A downgrade of UHS's IDR to 'BB' could result from pressured margins and cash flows, or a large, leveraging transaction that results in total debt to operating EBITDA after net distributions to minorities and associates expected to be sustained above 3.0x or CFO after capex-to-gross debt below 7.5%.

The negative rating sensitives could be tripped if the coronavirus pandemic has a greater impact on cash flow than Fitch currently anticipates. There is still a high degree of uncertainty about the pace of acceleration of coronavirus cases along with the ultimate level of coronavirus patient volumes in UHS's markets and these factors will be important to the trajectory of 2020 revenue and EBITDA.

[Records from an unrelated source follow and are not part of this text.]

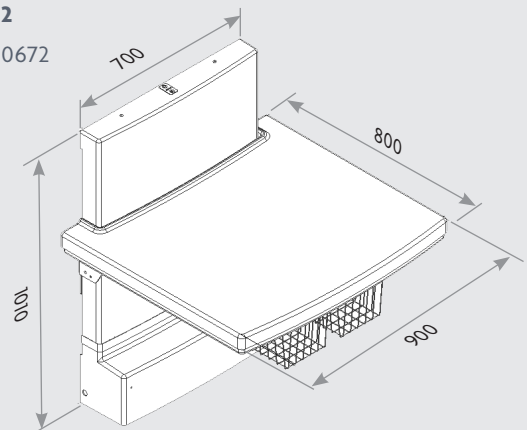

MED ROPOX PUSLEBORDE OPNÅS

- **Bedre arbejdsmiljø** - den unikke form på bordet gør at man kommer tættere på væg og opbevaring, hvilket giver bedre arbejdsstillinger. Man oplever mere plads.
- **Mere tryghed** - det afrundede design beskytter barnet mod skarpe/spidse hjørner.
- **Forbedret hygiejne** - det glatte og afrundede design gør bordene meget rengøringsvenlige.
- **Pladsbesparende** - den skrå forkant gør at man kan stå tættere på væggen. Den sideforskudte løfteunit (højde 102 cm) passer godt under evt. vinduer og giver bedre plads til el og vvs installationerne.

VORES HØJDEJUSTERBARE PUSLEBORDE FINDES I 2 TYPER

Maxi2

Medi2

VARIANTER

MAXI2

#50-50670

MAXI2

#50-50672

ROPOX

HØJDEJUSTERBART PUSLEBORD - MODEL MAXI 2

MATERIALE

VAKUUMFORMET PLAST
ALUMINIUM
OVERFLADEBEHANDLET STÅL
RUSTFRIT STÅL

BELASTNING

75 KG

FUNKTIONSMÅL

HØJDEINDSTILLING 400-1000 MM

Unik udformning af puslebordet – Formen på bordet giver bedre arbejdsstillinger. Bordets skrå forkant gør at man kan stå tættere på væg samt opbevaring og derfor oplever at der er mere plads i rummet - man står "inde" i bordet.

BEST/WORST CASE RATING SCENARIO

International scale credit ratings of Non-Financial Corporate issuers have a best-case rating upgrade scenario (defined as the 99th percentile of rating transitions, measured in a positive direction) of three notches over a three-year rating horizon; and a worst-case rating downgrade scenario (defined as the 99th percentile of rating transitions, measured in a negative direction) of four notches over three years. The complete span of best- and worst-case scenario credit ratings for all rating categories ranges from 'AAA' to 'D'. Best- and worst-case scenario credit ratings are based on historical performance. For more information about the methodology used to determine sector-specific best- and worst-case scenario credit ratings, visit https://www.fitchratings.com/site/re/10111579.

LIQUIDITY AND DEBT STRUCTURE

Good Financial Flexibility: UHS's liquidity profile is solid for the 'BB+' IDR. There are no significant debt maturities until 2021, when the $450 million A/R securitization ($260 million outstanding at March 31, 2020) terminates, with the nearest bond maturity being $700 million of 4.75% notes due 2022. Fitch's forecast assumes that UHS will refinance this debt. UHS does not have large cash needs for working capital or exhibit much seasonality in cash flow generation. Cash on hand is typically low, around $50 million to $100 million; the company has $998 million in revolving credit capacity and in recent periods has maintained close to full availability on this credit line.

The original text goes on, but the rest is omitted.